6. Use the Moscow metro
Although by far the cheapest, fastest, and most beautiful way to travel around Moscow, the metro can also be confusing for the weary traveller. To help you make the most of your time there, download the Moscow Metro App on your phone and never get lost again (you can also use it in St.petersburg). Although it can be intimidating during peak times, you will thank yourself later, as traffic in the capital city can be slow and expensive if you are stuck in a taxi.
Also, remember to stand to the right-hand side on the escalators unless you are in a rush, then you can run down on the left. Muscovites like their metro QUIET with many of them reading books as opposed to scrolling on their phones, so the last thing they want is a gaggle of tourists talking loudly. For the most part, Muscovites are a friendly bunch but they won’t thank you for blocking the way or disturbing their reading time, so remember the rules and you’ll be fine.
7. Don’t be afraid to try local places for food
Plainly speaking, McDonald’s and other western chain restaurants in Moscow are not always the best for quality food and can be expensive. There are many other cheap and tasty options to experience real Russian food, such as Teremok, Lepim i varim, and Farsh.
Teremok is one chain that offers blinis ( Russian pancakes) with sweet or savoury fillings of meat or condensed milk, whilst Lepim i Varim specialises in freshly made dumplings. However, if you are simply looking for a burger, try the popular restaurant, Farsh, located on Nikolskaya street in the city centre and, for vegetarians, you have to try FRESH. The BBQ burger there is simply amazing, the best I’ve ever had and I’m not even a vegetarian.
Depending on where you are staying, I wouldn’t advise drinking the tap water in Moscow. Most Russians tend to use filters in their homes, but, if you are staying in a hotel or Airbnb, it’s best if you stick to bottled water for the duration of your visit. Showering and brushing your teeth is okay, just don’t go taking any mouthfuls unless you want to risk an upset stomach.
9. Don’t drink in public
On the topic of drinking, although Russia has a stereotype for pouring vodka on their cheerios, you will be surprised to know that most take offence to this stereotype, with many young Russians abstaining from alcohol altogether. If you are going out for drinks in Moscow, do not make a point of getting wasted. It will not be appreciated and you may encounter problems with scammers or police.
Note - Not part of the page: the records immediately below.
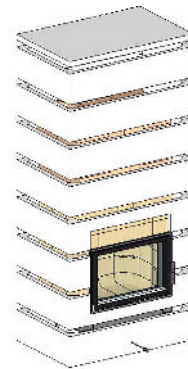

SpeicherKamine Serie Primo GO 6745

Der Innenofen
Feuerraum und Nachheizzug
Türmaß 670 x 450 mm (B/H)

Primo-SpeicherKamine 100 % Strahlungswärme

Funktionsweise	Grundofenprinzip
Feuerraum	Schamotte
Nachheizzüge	Schamotte obenliegend
Rauchrohranschlußhöhe	1550mm Mitte Rauchrohr
Abgasstutzen	180 mm wahlweise rechts oder links
Stellfläche/Bodenmaß	1000 x 650 mm
Bodenvorbereitung	Verbundestrich
Gewicht	1250 kg
Nennwärmeleistung/Wärmeabgabe	3,5 KW
Feuerungswärmeleistung	21 KW
Nachlegeintervall	8 Stunden
Brennstoffmenge pro Abbrand ca	8,5 kg
Wirkungsgrad	< 80 %
Brennstoffverbrauch ca	6 kg/Std
Wandabstand	100 mm
Verbrennungsluftanschluß	150 mm

Bodenmaße

Höhenmaße

Ofenhülle aus keramischer Speichermasse in Ringbauweise

[Primus-Ofenshop](http://www.primus-ofenshop.com)

www.primus-ofenshop.com
Am Flutgraben 2, D-57647 Hirtscheid
Tel.: 02661 949135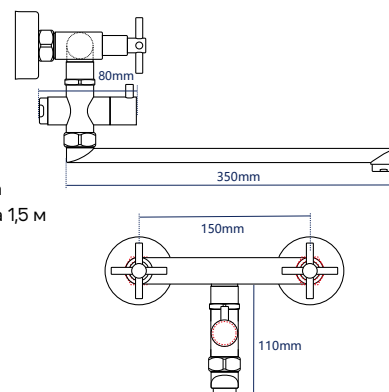

345714

**Смеситель для ванны**

двухрычажный длинный излив

**Характеристики:**

Материал: нерж. сталь  
 Цвет: серебристо-серый  
 Вес: 500 г  
 Кран-букса: 20 мм

Лейка 3 режима  
 Шланг для душа 1,5 м

345715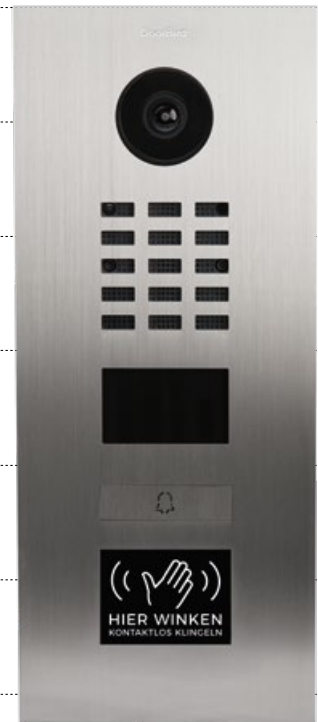

400 mm
(15.74 in)

D2101TFV

Contactloze deurbel

- High-end bewegingssensor met radar voor betrouwbare herkenning op korte afstand
- Individuele gebeurtenissen (bijv. deur openen, pushmelding, SIP, etc.)

D21DKH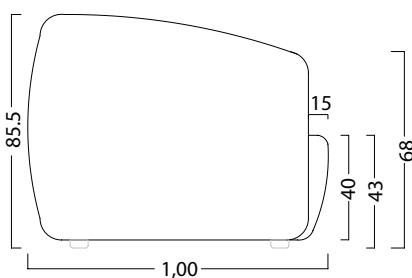

ATENEA

VENTAS (0221) 15 678 4779
Parque Industrial Abasto. Av. 520 entre 197 y 200,
Abasto, La Plata. Buenos Aires.

SOFÁ DUBLIN

Línea Diseño

2,20 x 1,00 metros

Vista frontal

Vista corte lateral

Vista superior

Vista lateral

SOFÁ DUBLIN

2,20 x 1,00 metros

Línea Diseño

Estructura

Madera saligna 1"
Fenólico 18 mm

Espuma

2 cm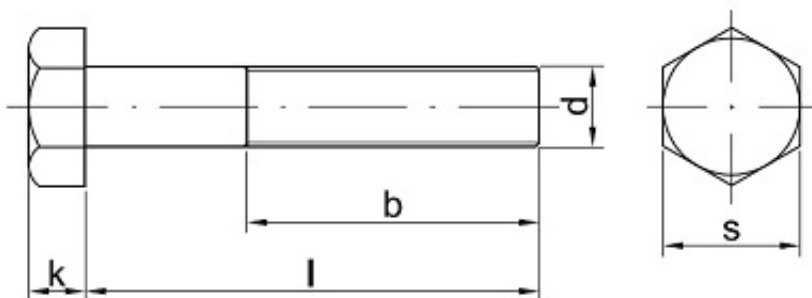

Link do produktu: <https://sklep-metalowy.pl/m14x50-sruba-z-lbem-sześciokątnym-din-931109-niepełny-gwint-p-992.html>

## M14x50 Śruba z łbem sześciokątnym - DIN 931/10.9 - niepełny gwint

Cena brutto	<b>2,56 zł</b>
Cena netto	<b>2,08 zł</b>
Dostępność	<b>Dostępny</b>
Kod producenta	<b>B</b>

### Opis produktu

Śruba z łbem sześciokątnym, stal niskowęglowa, niepełny gwint.

### Specyfikacja techniczna

DI	93
N	1
IS	40
O	17
PN	82
	10
	5
Kla	10.
sa	9
tw	
ar	
do	
ści	
Śr	14
ed	m

---

nic a g wi nt u (d)	m
Dł ug oś ć ś ru by po d ł be m (l)	50 m m
łe b p od klu cz (s)	22 m m
Wy so ko ść łba (k)	8,8 m m
Dł ug oś ć g wi nt u (b)	34 m m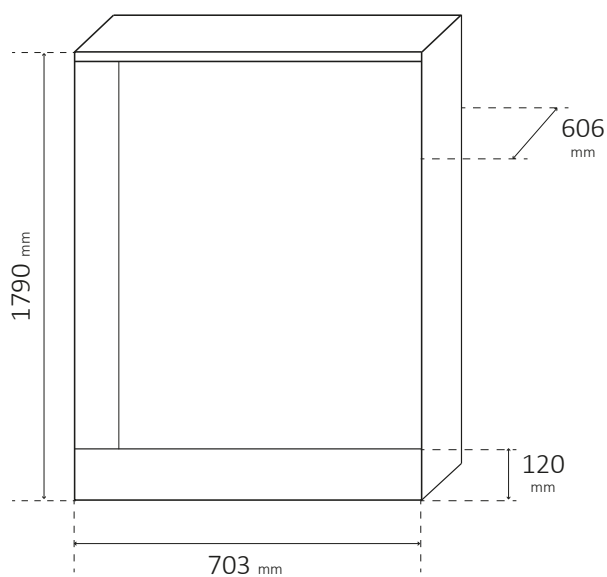

Nascondi lavatrice

ART. 6008B

Misure esterne mobile (mm)

Misure interne mobile (mm)

Mobile contiene lavatrice in nobilitato idrofugo bianco W100, 18 mm
Piedini regolabili in altezza 15 mm
Zoccolo frontale estraibile per pulizia filtro
Può contenere lavatrici di profondità max. 55 cm, oblò incluso

Washing machine shelter, made of white waterproof material W100, 18 mm
Height of the feet: adjustable 15 mm
Removable front base for cleaning
It can contain washing-machines with max. depth of 55 cm (window included)

Also do not believe all the videos that you see on YouTube, Russia is not as crazy as you may wish it to be sometimes, so please do not act out because you think it’s normal there.
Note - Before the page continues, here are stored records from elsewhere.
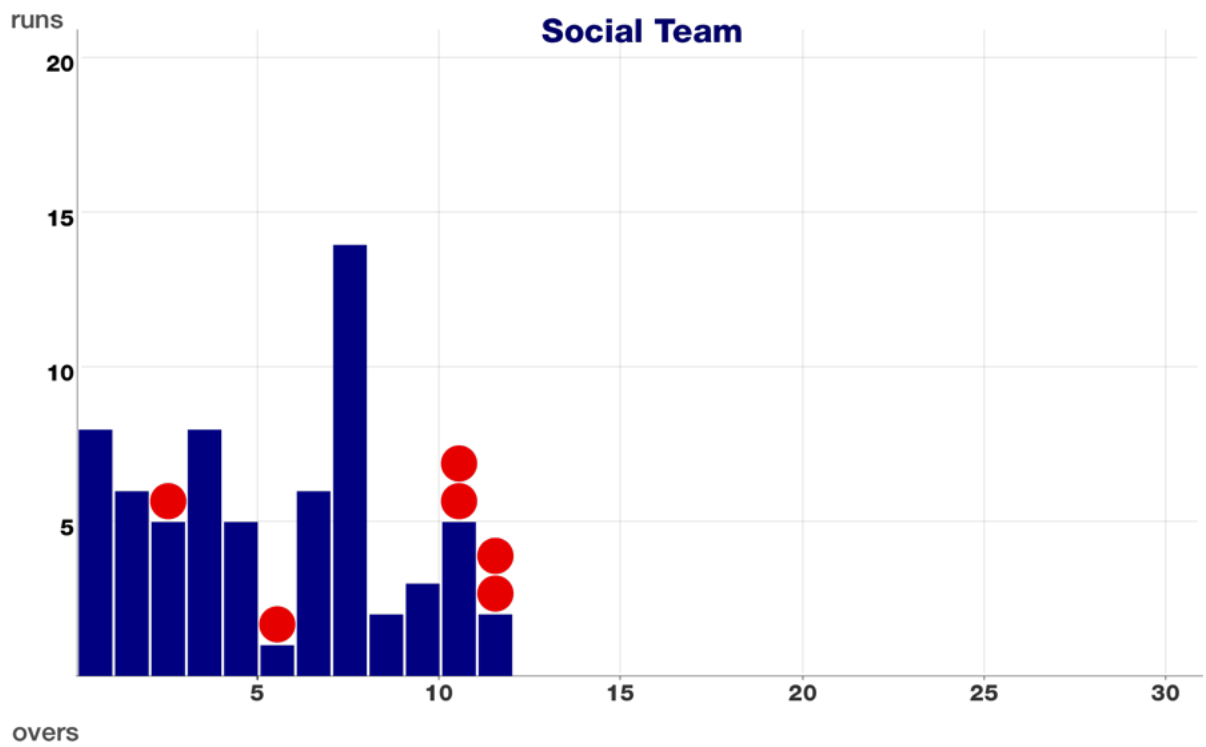

Inverhaugh vs Social Team

Inverhaugh INNINGS

O	RUNS	WKT	BOWLER	BALL BY BALL
1	11	0	B Farquar	. 4 1 4 . 2
2	19	1	M Pearce	2 4 2 . W .
3	26	1	B Farquar	.. 4 2 1 .
4	34	1	M Pearce	1wd 3 1 1 . . 2
5	41	1	B Farquar	.. 1 1 1 lb 4
6	51	1	M Pearce	1wd 4 1wd 2 1 . . 1
7	65	1	J Kissick	3 1wd 1lb . 1wd . 4 4
8	69	1	P Virdi	... 2 1 1
9	87	1	J Kissick	4 1 . 1wd 4 1wd 2wd 1 4
10	104	1	P Virdi	2 4 4 1 1 1 4
11	113	1	P Cheesmond	2 1 4 1 1 .
12	135	1	P Virdi	4 4 1 4 4 1 4
13	148	1	P Cheesmond	3 2 1 4 2 1
14	168	1	R Persaud	4 1wd 4 1 1 1wd 4 4
15	177	1	P Cheesmond	1 1 2 2 2 1

Social Team INNINGS

O	RUNS	WKT	BOWLER	BALL BY BALL
1	8	0	J A Metcalf	4 2 . . 2 .
2	14	0	J A Metcalf	1wd 1 . 1 1 1 1
3	19	1	U Patel	W 1 2 1 1 .
4	27	1	J A Metcalf	. 1 1 1 4 1
5	32	1	U Patel	. 1 2by 1 . 1
6	33	2	R Singh	.. 1 . W .
7	39	2	R Singh	. 1wd 4 . . 1 .
8	53	2	D Dennis	. 6 . . 4 4
9	55	2	R Singh	. 1wd 1wd . . . . .
10	58	2	D Dennis	1 . . 1 1 .
11	63	4	R Singh	W . 4 . 1 W
12	65	6	D Dennis	W . 1wd . . 1wd . W

Inverhaugh vs Social Team

Manhattan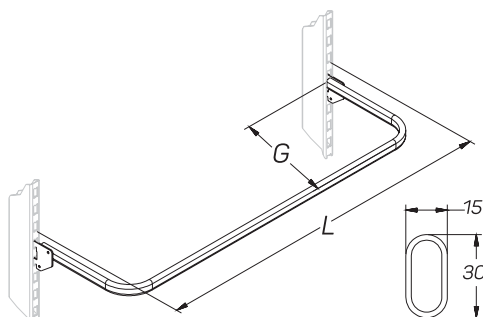

Рама овальная 15×30 Oval frame 15×30	665	300		T-RM 01000665
	1000	300		T-RM 01001000
	1250	300		T-RM 01001250
	1330	300		T-RM 01001330

10. Don’t be afraid to speak a little Russian
Lastly, as intimidating as it can be, most Russians truly appreciate it when foreigners try to speak a little of their language. Even simple words such as “please” and “thank you” can go a long way and, as most older Russians have very limited English skills, you may be glad of it, particularly in the markets and museums. Russian has a formal and informal use, so never greet strangers with “privet”. It’s rude! If you want to say hello, use the formal “здравствуйте” which you can learn how to say here, or a simple “good morning” which is pronounced, “Dobray Ootra”.
So there you have it, folks, the more you know!